In this section, I used four Sckit learn’s machine learning models- logistic regression, k-nearest neighbor, random forest, and decision tree classifiers- to find the 3 combination of features that resulted in the highest accuracy scores. The accuracy of each combination of three features was then compared to find the combination that resulted in the highest accuracy score.

Code
# Prepare the test data
test_url = "https://raw.githubusercontent.com/middlebury-csci-0451/CSCI-0451/main/data/palmer-penguins/test.csv"

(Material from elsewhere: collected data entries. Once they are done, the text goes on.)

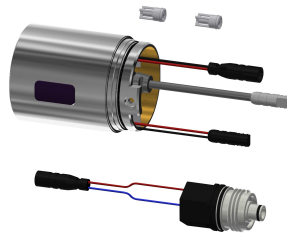

Hygiëne-eenheid voor compatibele KWC thermostaateengreepswandkranen

3600003861
ACLT9001
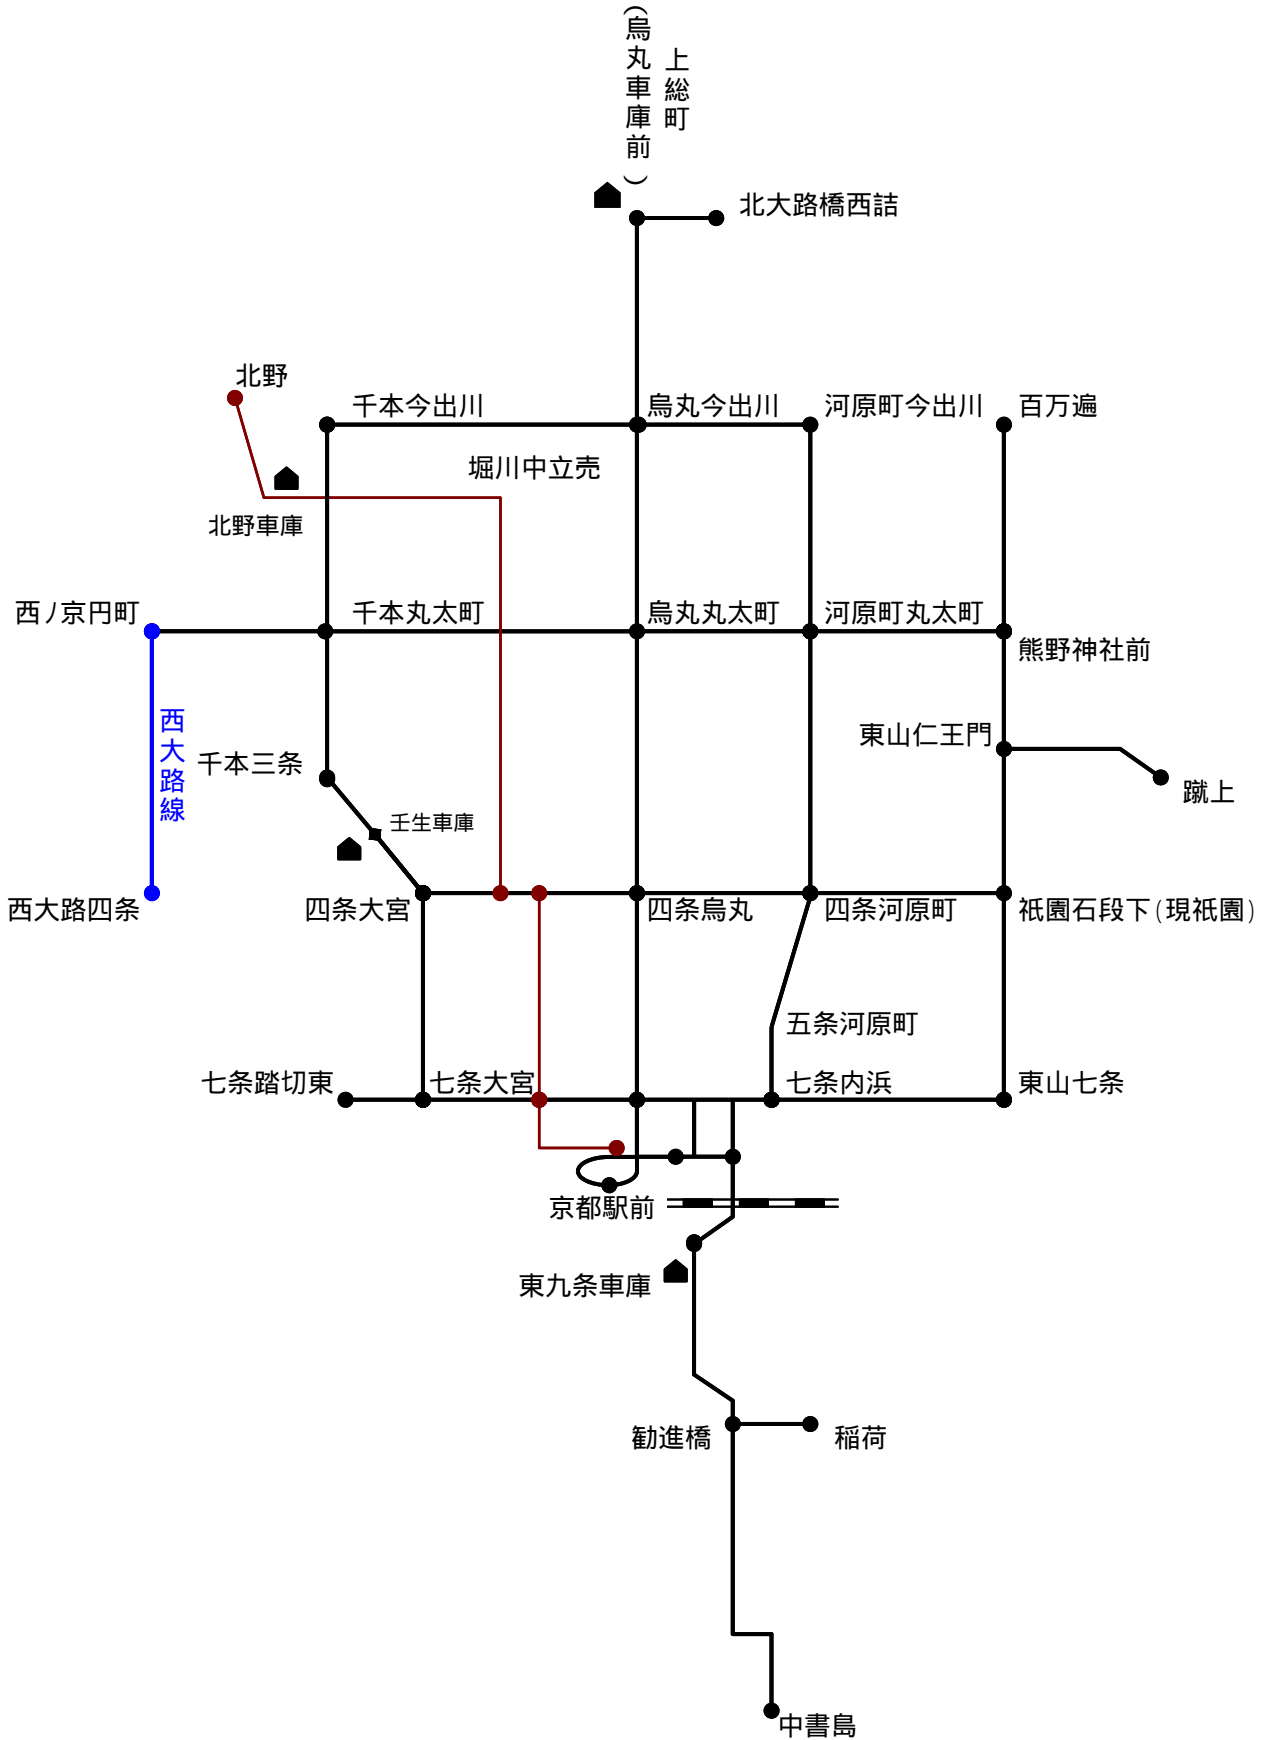

京都市電 路線

昭和2年4月21日

京都市電 路線

昭和2年4月22日

京都市電 路線

昭和3年1月13日

京都市電 路線

昭和3年11月5日

京都市電 路線

昭和3年11月21日

京都市電 路線

昭和4年1月16日

京都市電 路線

昭和4年5月14日

京都市電 路線

昭和4年12月10日

京都市電 路線

昭和5年2月27日

京都市電 路線

昭和5年5月28日

京都市電 路線

昭和6年9月18日

京都市電 路線

昭和7年4月1日

京都市電 路線

昭和8年8月5日

京都市電 路線

昭和9年10月1日

京都市電 路線

昭和9年10月11日
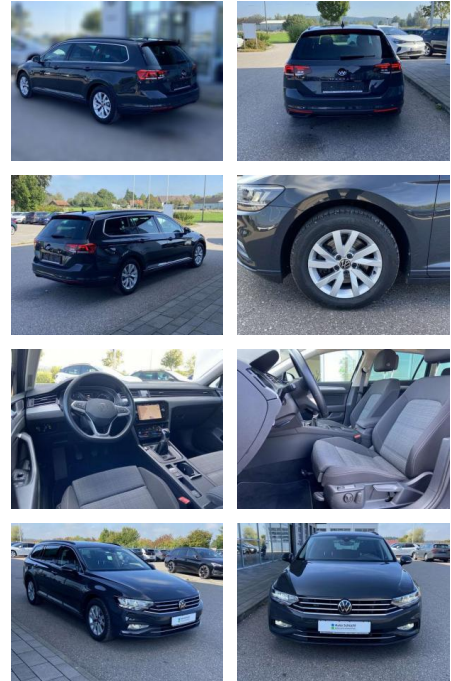

SS00-060258 **Angebotsnr.:**

Erstzulassung:	Kilometer:	Farbe:	Leistung:	Kraftstoffart:
01.01.2021	64.829	Grau	110 kW / 150 PS	Benzin

PREIS
23.840 €

FINANZIERUNGSBEISPIEL

Laufzeit: 72 Monate Anzahlung: 25 %
Basis-Finanzierung:* Mtl. Rate:
Zielraten-Finanzierung:** **202 €**
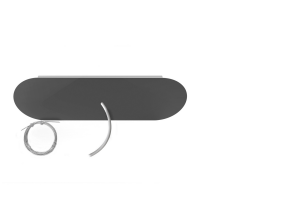

Minù - R LED Lap, 50W, 4000K, 1150x300mm, diffusore opalino, bianco raggrinzante.

Minù - R LED Lap, 50W, 4000K, 1150x300mm, opal diffuser, rough white.

Descrizione/Description

IT: Minu-R è una collezione di anelli decorativi luminosi a luce diretta o a luce interna. Design elegante e leggero ma di grande impatto scenico, è ideale per uffici, contesti residenziali e commerciali. Realizzati in lega di alluminio estruso curvato verniciato a polveri con schermo di protezione in policarbonato. Tono bianco, 4000K o 3000K, Potenze da 50W/1150mm a 95W/2300mm. Accessori per la sospensione da ordinare separatamente. Alimentatore on-off o DALI incluso nel rosone.

ENG: Minu-R is a collection of decorative lighting rings with direct or internal light. It can offer such elegant and light design, with great scenic impact ; it is the ideal choice for offices, residential and commercial environments. Structure in powder coated curved extrusion of aluminium alloy with opal diffuser. 4000K or 3000K white tone. Powers from 50W/1150mm up to 95W/2300mm. Suspension kit to be ordered separately. On-Off or Dali Driver included in the ceiling cup.

Kit di sospensione Minù -R Lap L.2000mm x modello ON/OFF. Driver 50W, bianco raggrinzante.

MNU.SL10000.32

Suspension kit for Minu- R Lap, L.2000mm , on-off version. Driver 50W, rouge white.

**MNU.SL10000.32-A2**
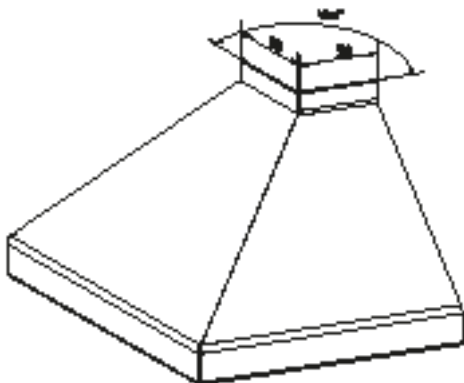

FRT25

Dorpel met rug 25mm
Seuil avec dos 25mm

FRT/BUH25

Buitenhoek met rug 25mm
Coin extérieur avec dos 25mm

FRT/BIH25

Binnenhoek met rug 25mm
Coin intérieur avec dos 25mm

FRT/BUH25-VBU

Variabele buitenhoek met rug 25mm
Coin extérieur variable avec dos 25mm
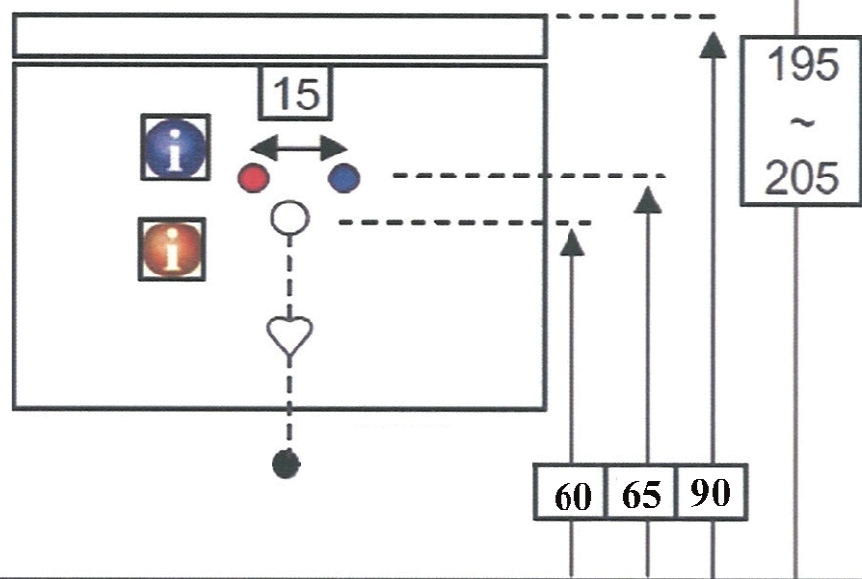

Technische tekening
Badmeubel Q7 - 3 laden onderkast 65 cm.

62,5 cm.
 Voorzijde

Achterzijde

36 cm.
 62 cm.
 Boven lade

62 cm.
 Onder lade

44 cm.
 Zijde

(Uitgaande de te plaatsen wastafel een bijpassende Sanicare wastafel.)

 Contactdoos voor verlichting in het midden en achter de spiegel 5 cm. lager t.o.v. bovenkant spiegel. (verlichting apart schakelen)

 Koud- & heetwaterleiding (15 cm. hart op hart) op een hoogte van 65 cm. vanaf de afgewerkte vloer.

 Afvoer dient in de muur aangebracht te zijn op een hoogte van 60 cm. vanaf de afgewerkte vloer.

BLUMOTION - BLUM LADES

BLUMOTION is het dempingsysteem van Blum. Met BLUMOTION sluiten meubels zacht en geruisloos, onafhankelijk van de uitgeoefende kracht en van het gewicht van de lade. De functie is geïntegreerd in het lade / glijdersysteem. De lades zijn zowel in de hoogte als zijdelingse te verstellen.

Lade inhangen en uithalen

Inhangen

Uithalen

Sanicare wastafel Q7 - 65 cm.
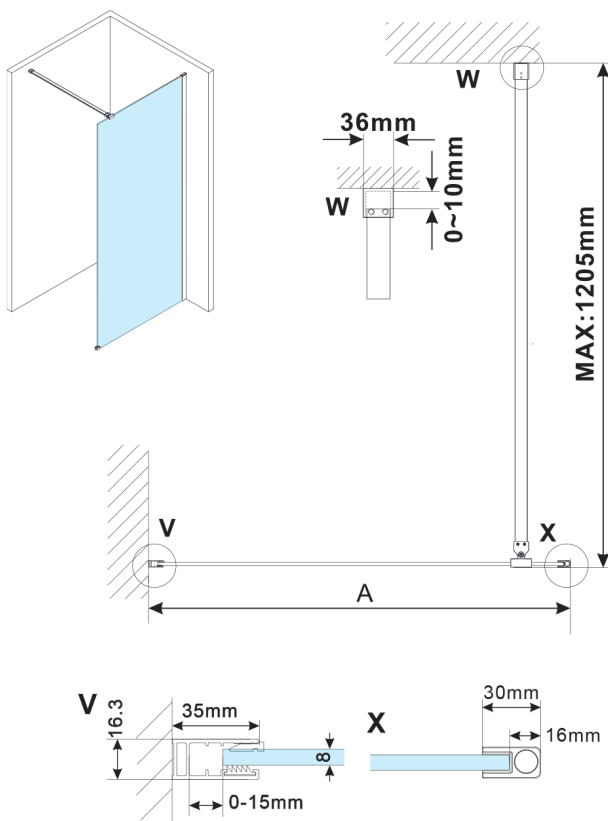

ESCA WHITE MATT Dusch-Glasteil, Wandmontage, graues Glas, 1200 mm

Bestellcode: ES1212-03

Größe

Höhe: 2100 mm

Tiefe: 1200 mm

Eigenschaften

Garantie: 2 Jahre

Technisches Arbeitsblatt

MODEL	A,mm
ES1070/ES1170/ES1270/ES1370/ES1570	690~705
ES1080/ES1180/ES1280/ES1380/ES1580	790~805
ES1090/ES1190/ES1290/ES1390/ES1590	890~905
ES1010/ES1110/ES1210/ES1310/ES1510	990~1005
ES1011/ES1111/ES1211/ES1311/ES1511	1090~1105
ES1012/ES1112/ES1212/ES1312/ES1512	1190~1205
ES1013/ES1113/ES1213/ES1313/ES1513	1290~1305
ES1014/ES1114/ES1214/ES1314/ES1514	1390~1405
ES1015/ES1115/ES1215/ES1315/ES1515	1490~1505

MODEL	A,mm
ES1070, ES1170, ES1270, ES1370, ES1570	690-705
ES1080, ES1180, ES1280, ES1380, ES1580	790-805
ES1090, ES1190, ES1290, ES1390, ES1590	890-905
ES1010, ES1110, ES1210, ES1310, ES1510	990-1005
ES1011, ES1111, ES1211, ES1311, ES1511	1090-1105
ES1012, ES1112, ES1212, ES1312, ES1512	1190-1205
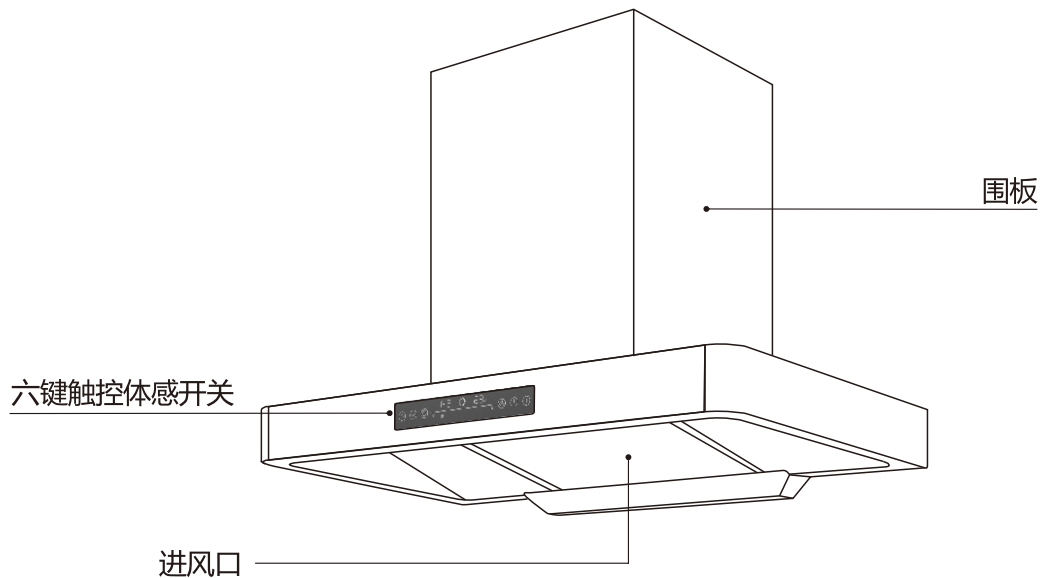

⚠ 产品部件名称

① 电源/延时键

- 关机状态下, 触摸此键开机以及慢档工作;
- 电机工作下触摸此键延时60秒关机;

⊗ 照明/清洗键

- 任何状态可开启、关闭照明;
- 关机状态长按进入热除油功能 (加热9分钟后电机工作1分钟, 共10分钟);

⊖ 快档切换键

- 待机状态下触摸此键, 风机启动快档功能, 再次触摸取消快档。

⚡ 爆炒键

- 待机状态下触摸此键, 风机启动爆炒功能, 爆炒启动60秒后结束跳回快档。

🕒 定时键

⊙ 慢档键

- 待机状态下触摸此键, 风机启动快档功能, 再次触摸取消快档。

👋 体感功能

- 左往右挥动, 开启照明、慢档工作;
- 开机状态, 右往左挥动, 直接关机。
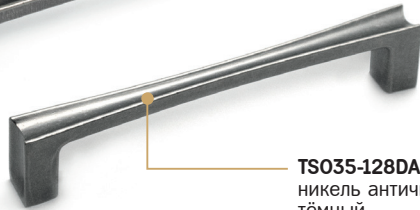

TS035-160DAN
никель античный тёмный

TS035-128DAN
никель античный тёмный

• Ручка-скоба	N	L	D	H
• серия «Традиции»	128	142	15	27
• коллекция «Модерн»	160	172	15	27

test = pd.read_csv(test_url)
X_test, y_test = prepare_data(test)

# Evaluate the performance of each model on the test data
test_score_LR =  best_LR.score(X_test[best_cols_LR], y_test)
test_score_KNN = best_KNN.score(X_test[best_cols_KNN], y_test)
test_score_RF = best_RF.score(X_test[best_cols_RF], y_test)
test_score_DT = best_DT.score(X_test[best_cols_DT], y_test)

# Print the test scores
print("Test score for LR: " + str(test_score_LR))
print("Test score for KNN: " + str(test_score_KNN))
print("Test score for RF: " + str(test_score_RF))
print("Test score for DT: " + str(test_score_DT))
Test score for LR: 0.9852941176470589
Test score for KNN: 0.9705882352941176
Test score for RF: 0.9705882352941176
Test score for DT: 0.9852941176470589

Our trained models were not able to achieve a 100% accuracy score in the test data. However, we identify that Logistic regression and decision tree yeild the best accuracy scored on classifying penguins. MOving forwards we will consider both Logistic regression and decision tree to be the best model for classifying penguins

Code
from matplotlib.patches import Patch
import matplotlib.pyplot as plt
import numpy as np

def plot_regions(model, X, y):
    
    x0 = X[X.columns[0]]
    x1 = X[X.columns[1]]
    qual_features = X.columns[2:]
    
    fig, axarr = plt.subplots(1, len(qual_features), figsize = (7, 3))

    # create a grid
    grid_x = np.linspace(x0.min(),x0.max(),501)
    grid_y = np.linspace(x1.min(),x1.max(),501)
    xx, yy = np.meshgrid(grid_x, grid_y)
    
    XX = xx.ravel()
    YY = yy.ravel()

    for i in range(len(qual_features)):
      XY = pd.DataFrame({
          X.columns[0] : XX,
          X.columns[1] : YY
      })

      for j in qual_features:
        XY[j] = 0

      XY[qual_features[i]] = 1

      p = model.predict(XY)
      p = p.reshape(xx.shape)
      
      
      # use contour plot to visualize the predictions
      axarr[i].contourf(xx, yy, p, cmap = "jet", alpha = 0.2, vmin = 0, vmax = 2)
      
      ix = X[qual_features[i]] == 1
      # plot the data
      axarr[i].scatter(x0[ix], x1[ix], c = y[ix], cmap = "jet", vmin = 0, vmax = 2)
      
      axarr[i].set(xlabel = X.columns[0], 
            ylabel  = X.columns[1])
      
      patches = []
      for color, spec in zip(["red", "green", "blue"], ["Adelie", "Chinstrap", "Gentoo"]):
        patches.append(Patch(color = color, label = spec))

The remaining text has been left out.